* **Problem**: Write out each line of the entries below that holds the word "Date".

* **Data excerpts**:
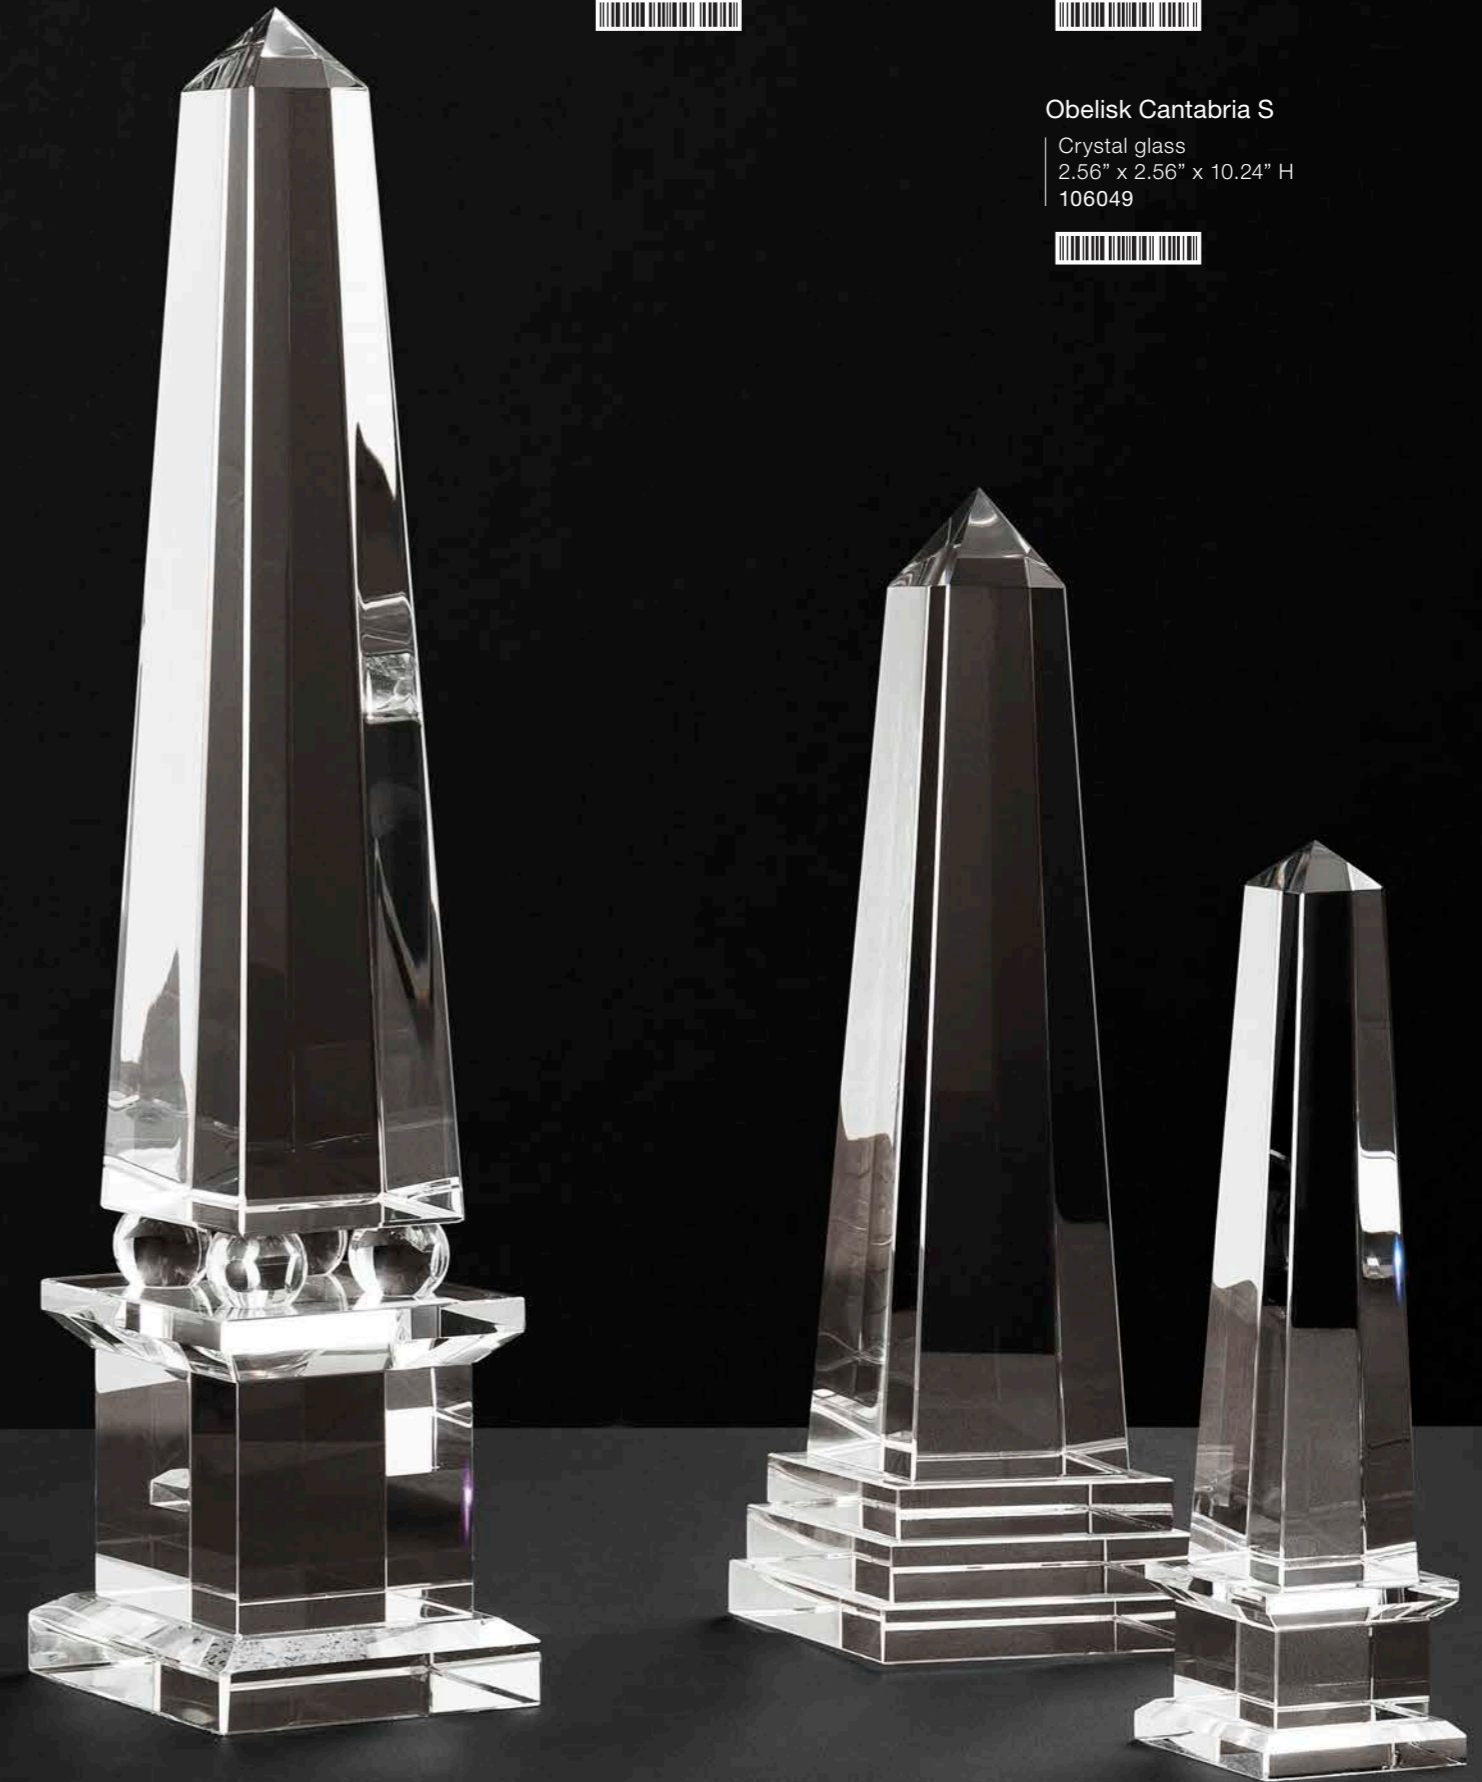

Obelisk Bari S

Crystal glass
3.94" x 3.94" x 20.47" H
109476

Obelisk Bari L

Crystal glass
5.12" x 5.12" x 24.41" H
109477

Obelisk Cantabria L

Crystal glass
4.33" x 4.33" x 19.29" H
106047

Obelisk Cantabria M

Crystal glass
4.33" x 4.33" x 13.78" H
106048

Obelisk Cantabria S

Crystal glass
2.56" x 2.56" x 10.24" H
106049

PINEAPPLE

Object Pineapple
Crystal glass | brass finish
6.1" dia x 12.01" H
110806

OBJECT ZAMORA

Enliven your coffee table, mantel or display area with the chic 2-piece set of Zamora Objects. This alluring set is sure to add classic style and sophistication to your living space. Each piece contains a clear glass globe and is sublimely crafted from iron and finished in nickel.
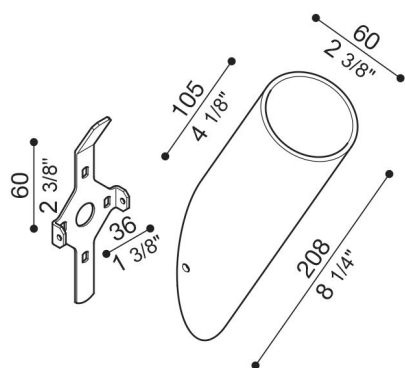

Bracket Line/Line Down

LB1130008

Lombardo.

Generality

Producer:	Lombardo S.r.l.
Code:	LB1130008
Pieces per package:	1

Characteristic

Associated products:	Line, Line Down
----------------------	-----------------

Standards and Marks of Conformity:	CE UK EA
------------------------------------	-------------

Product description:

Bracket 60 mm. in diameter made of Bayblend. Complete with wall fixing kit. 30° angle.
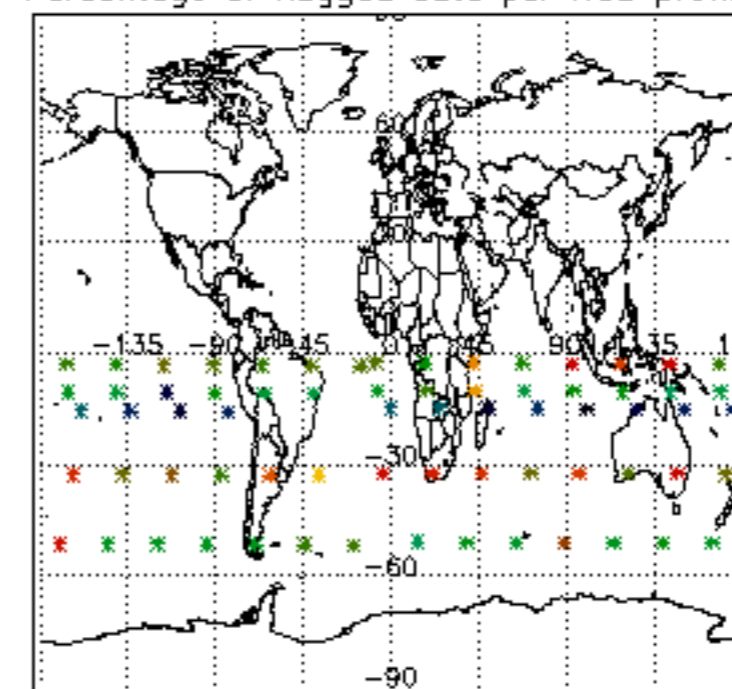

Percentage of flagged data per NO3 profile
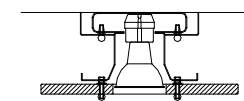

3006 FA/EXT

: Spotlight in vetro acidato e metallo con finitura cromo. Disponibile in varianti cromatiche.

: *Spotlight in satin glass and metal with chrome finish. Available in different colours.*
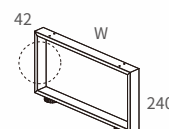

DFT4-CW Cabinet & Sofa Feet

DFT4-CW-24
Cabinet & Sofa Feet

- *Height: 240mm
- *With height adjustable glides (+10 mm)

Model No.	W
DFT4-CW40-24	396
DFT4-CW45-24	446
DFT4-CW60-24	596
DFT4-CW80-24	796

--

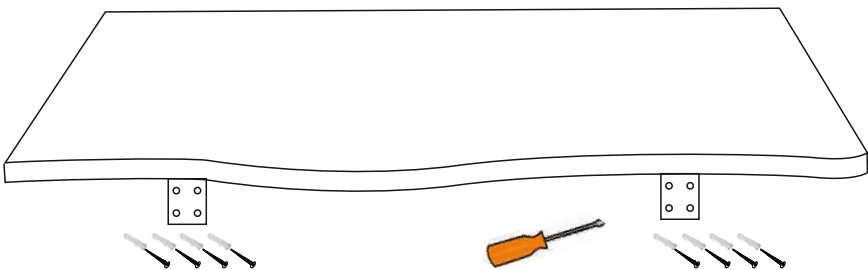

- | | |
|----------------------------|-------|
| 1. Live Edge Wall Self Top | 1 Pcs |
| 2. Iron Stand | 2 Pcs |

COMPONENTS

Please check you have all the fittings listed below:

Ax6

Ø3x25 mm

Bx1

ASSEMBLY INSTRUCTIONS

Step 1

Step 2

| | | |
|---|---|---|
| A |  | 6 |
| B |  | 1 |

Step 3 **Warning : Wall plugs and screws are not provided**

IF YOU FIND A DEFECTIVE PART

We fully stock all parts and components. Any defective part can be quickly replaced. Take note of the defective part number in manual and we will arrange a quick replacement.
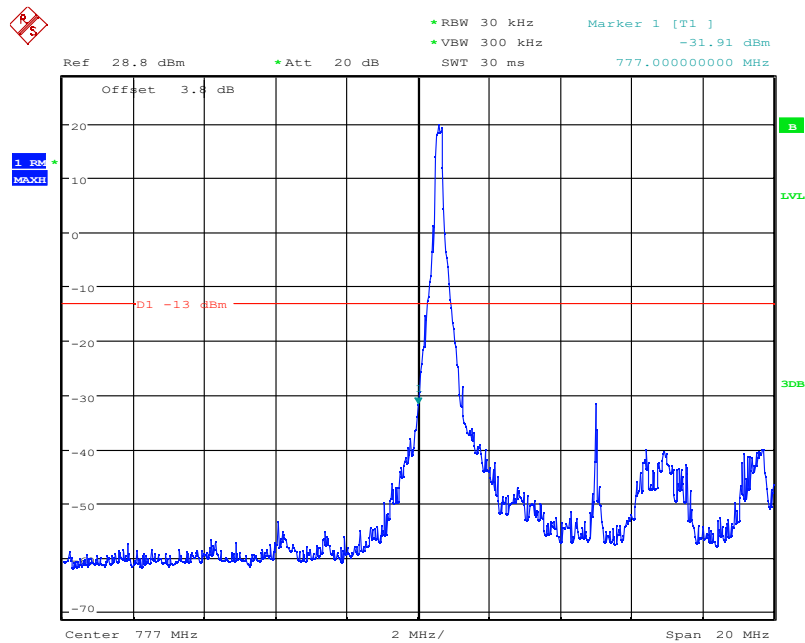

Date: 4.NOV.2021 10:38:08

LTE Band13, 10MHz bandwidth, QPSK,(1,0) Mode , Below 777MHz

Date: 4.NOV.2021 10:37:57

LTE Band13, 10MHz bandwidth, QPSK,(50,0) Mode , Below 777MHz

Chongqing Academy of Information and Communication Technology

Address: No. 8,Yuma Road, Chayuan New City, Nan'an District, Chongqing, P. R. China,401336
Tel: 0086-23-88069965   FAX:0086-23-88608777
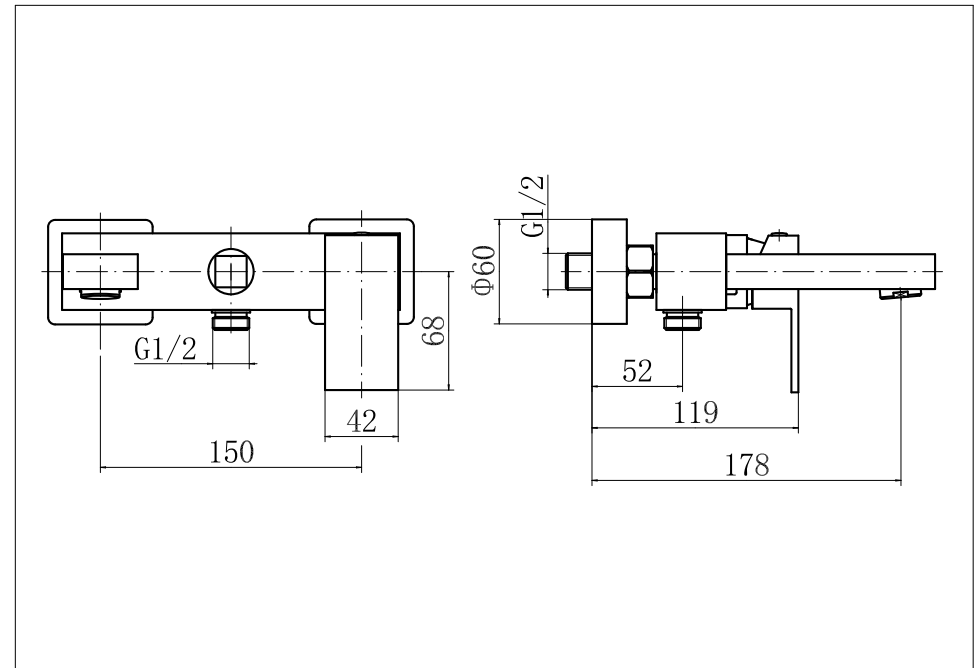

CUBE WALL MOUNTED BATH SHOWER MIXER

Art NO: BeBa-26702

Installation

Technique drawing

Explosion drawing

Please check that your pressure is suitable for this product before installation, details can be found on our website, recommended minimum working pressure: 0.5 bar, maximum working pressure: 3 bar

* **Result for this exercise**:
Date: 4.NOV.2021 10:38:08
Date: 4.NOV.2021 10:37:57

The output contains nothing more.